The legal and procedural path now appears to rest with the sheriff’s department and the county coroner division. Authorities have said only that the case is under investigation and that the coroner is handling the death inquiry. In fatal animal attacks, investigators often work to establish ownership, the conditions in which the animals were kept, whether local or tribal animal control agencies had prior contact with the dogs and whether any criminal or civil penalties may apply. As of Thursday, officials had not announced an arrest, issued a citation publicly or said whether prosecutors were reviewing possible charges. They also had not identified a date for a fuller briefing or a final report. The sheriff’s Colorado River Station asked anyone with information to contact Deputy R. Flores, signaling that investigators may still be collecting statements, scene evidence and records tied to the animals and the property. The destruction of the three adult dogs may close off some avenues of immediate public concern, but it does not answer the central questions about ownership, prior behavior or whether the attack could have been prevented.

Family tributes added a more personal picture of Panuco after the initial law enforcement summary. An online fundraiser organized for the family said her husband, Richie Panuco, was left to care for their two children, identified there as a 6-year-old and a 7-month-old, after what the organizer called an “unimaginable loss.” The fundraiser said Emily worked at the CRITT library and described her as a devoted mother whose death left “a tremendous void.” That public appeal also underscored how quickly practical concerns follow sudden deaths, including funeral costs, daily expenses and support for young children. Those messages, along with the sheriff’s outline of Panuco stepping in as the dogs attacked her son, have shaped public reaction to the case.

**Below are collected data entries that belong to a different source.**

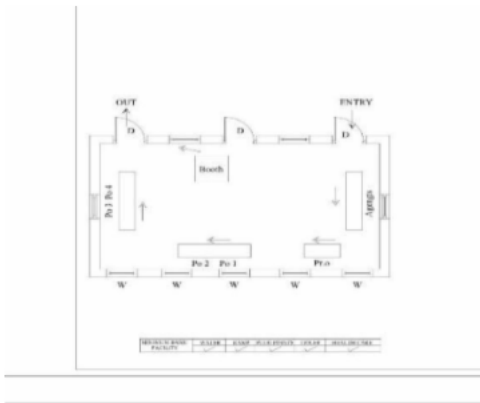

Google Map View

Polling Station Building Front View

Polling Station Front View

Cad View

Key MAP View

சட்டமன்றத் தொகுதியின் எண் மற்றும் பெயர் : 126-மடத்துக்குளம் மற்றும் பெயர் 1-தும்பலப்பட்டி (வ.கி) மற்றும் (ஊ), பிளாக் 1 தும்பலப்பட்டிவார்டுஎண்1,2,

The surviving child has not been named by authorities, and officials have released no detailed medical update on his recovery beyond saying he was treated and released. No public memorial date had been announced by Thursday, and no family statement beyond the fundraiser had been released through law enforcement channels.

The case stood Thursday as both a completed emergency response and an unfinished investigation: a 26-year-old mother was dead, her son had survived, the dogs were gone and the next public milestone was any coroner finding or sheriff update that explains what happened on Wingfoot Court before 3:30 p.m. on Feb. 27.

Author note: Last updated 2026-03-05.